Worker: *more agitated, to her fellow “sandwich artist”* Wait, don’t put no lettuce on that roast beef yet, he want it toasted
Worker #2: *now he’s agitated* Why didn’t you say you wanted it toasted?
Worker: *perhaps starting to boil a little bit inside* He didn’t say until just now…DANG!
Worker #2: *removes lettuce from sandwich and places in the oven*
During that brief exchange between the Subway employees the Customer has retrieved his cell phone and is talking; he has apparently called his home to see if the roast beef should be toasted. *20 seconds passes*
Customer: Nah, my bad, don’t toast that Roast Beef.
Subway High Speed Toaster Oven: *DING*
Worker: Too late.
Customer: Damn. You toasted it already.
Worker: *Mt. Vesuvius is rumbling inside her* You said to toast it, sir!
Customer: Alright then. He’ll live I guess.
Worker: Okay, can you move down? They will finish your sandwiches on the other end.

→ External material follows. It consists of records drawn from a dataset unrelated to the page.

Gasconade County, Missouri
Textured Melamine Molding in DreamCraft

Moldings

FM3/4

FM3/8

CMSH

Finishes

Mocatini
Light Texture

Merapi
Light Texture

Customer: I have two more orders!
**This is when the lady with the amber waves of grain eyebrows and carry on luggage tried to suck the enamel off her teeth**
Worker: Two more sandwiches. *takes a deep breath* Okay, what other sandwiches do you need?
Customer: *looks over crumpled piece of paper at remaining orders, also written in Rooster-like penmanship* I need a foot long meatball sub on white bread and the last one is, ummm, this one is a salad…

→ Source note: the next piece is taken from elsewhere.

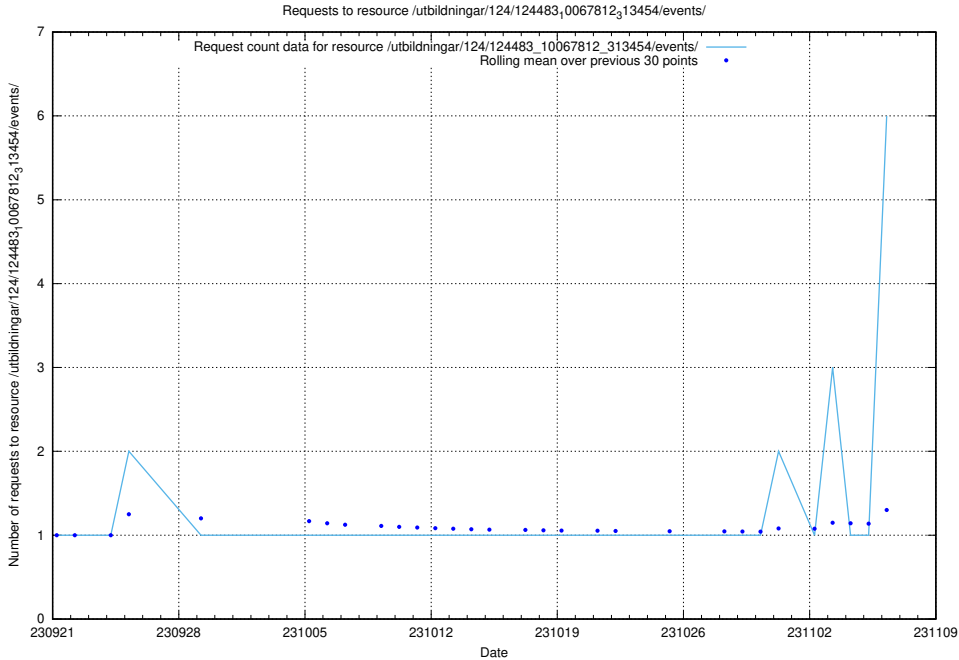

5.167 Usage of /utbildningar/124/124483_10067812_313454/events/

Here, we count the number of requests to resource /utbildningar/124/124483_10067812_313454/events/

Worker: Sir, our buy one get one free offer is only for sandwiches.
Customer: But all the sandwiches can be made into a salad, right? It’s all the same thing.
Worker: Our sign says that it’s only for sandwiches, sir.

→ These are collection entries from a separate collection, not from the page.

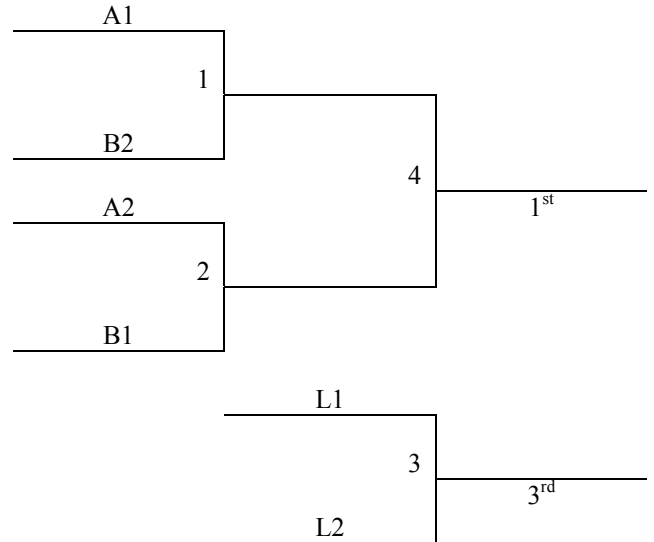

**Maize, KS
1A-2A School Event
June 19-20, 2010
Varsity Boys Division I**

Pool A	W	L	Pool B	W	L
1. Ellis			5. Guy – AR Thunder		
2. Valley Falls – KS			6. West Elk		
3. Stockton Tigers			7. Republic County		
4. Burlingame			8. Greensburg/Haviland Mavericks		

Top 2 teams in each pool to bracket A, others to bracket B.

Tie Breaker – 2 way tie = Head to Head

3 way tie = Coin Flip

Saturday	Maize S HS 1	Maize S HS 2	Maize S MS 1	Maize S MS 2
8:00	-	-	-	-
9:00	-	-	-	-
10:00	1-2	3-4	-	-
11:00	5-6	7-8	-	-
12:00	-	-	-	-
1:00	-	-	-	-
2:00	-	-	-	-
3:00	-	-	-	-
4:00	1-3	2-4	5-7	6-8
5:00	-	-	-	-
6:00	-	-	-	-
7:00	-	-	-	-
8:00	5-8	6-7	1-4	2-3
9:00	-	-	-	-
Sunday	Maize S HS 1	Maize S HS 2	Maize S MS 1	Maize S MS 2
8:00	-	-	-	-
9:00	G5	G6	-	-
10:00	G1	G2	-	-
11:00	-	-	-	-
12:00	-	-	-	-
1:00	-	G7	-	-
2:00	G3	G8	-	-
3:00	G4	-	-	-
4:00	-	-	-	-

Bracket A

Customer: *deep sigh* Are you sure you can’t do that? Don’t seem like a big thing
Worker: *calls back to the manager somewhere out of sight in the back of the store* MIKE! HEY MIKE!
Manager Mike: *from back of store, unseen* YEAH!
Worker: CUSTOMER WANTS TO DO A SALAD ON THE BUY ONE GET ONE! HOW I DO THAT?
Manager Mike: WHAT?!
Worker: *likely dying inside* I SAID, THIS CUSTOMER WANTS TO DO A SALAD ON THE BUY ONE GET ONE! HOW I DO DAT?
Manager Mike: HE WANT A SALAD?
*pause for 5 seconds*
Manager Mike: JUST DO IT! I’LL COME AND OVERRIDE IT IN THE SYSTEM WHEN HE PAYS!
*The lady with the inhuman eyelashes has retrieved her phone from the Michael Kors carry-on and is talking loudly now about the goings on.*
Eyelash Lady: I can’t believe these folk in this Subway, taking all day with 6 or 7 different orders holding up the line all damn day. It’s just rude!
Worker: What kind of salad would you like, Sir?
Customer: I need a tuna salad. Don’t toast it though.
Worker: *looking for sharp objects* We don’t toast salads.
Customer: I was just making sure before they threw it in the oven like that roast beef.
Worker: *throws sharp daggers with her eyes* Is there anything else, sir?
Customer: Nah, that’s all.
Worker: Okay, move down and they will dress your sandwiches – and your salad – down there.
At 3:32 the man in the jeans and red polo shirt exited the Subway store with his three subs and his one salad that required a managerial override at checkout. Two minutes later at 3:34 the eyelash monster with the oversized Michael Kors baggage walked out of the store with her two subs that she ordered without having courtesy to hang up from her aforementioned phone call.
It was almost my turn; it certainly wouldn’t be long now. Then the young man in line in front of me with sagging blue basketball shorts and a white wifebeater stepped up and said to the horribly stressed Subway sandwich artist:
‘Ey, shawty, what up wit’ dis special y’all havin’ up in here? How it work?”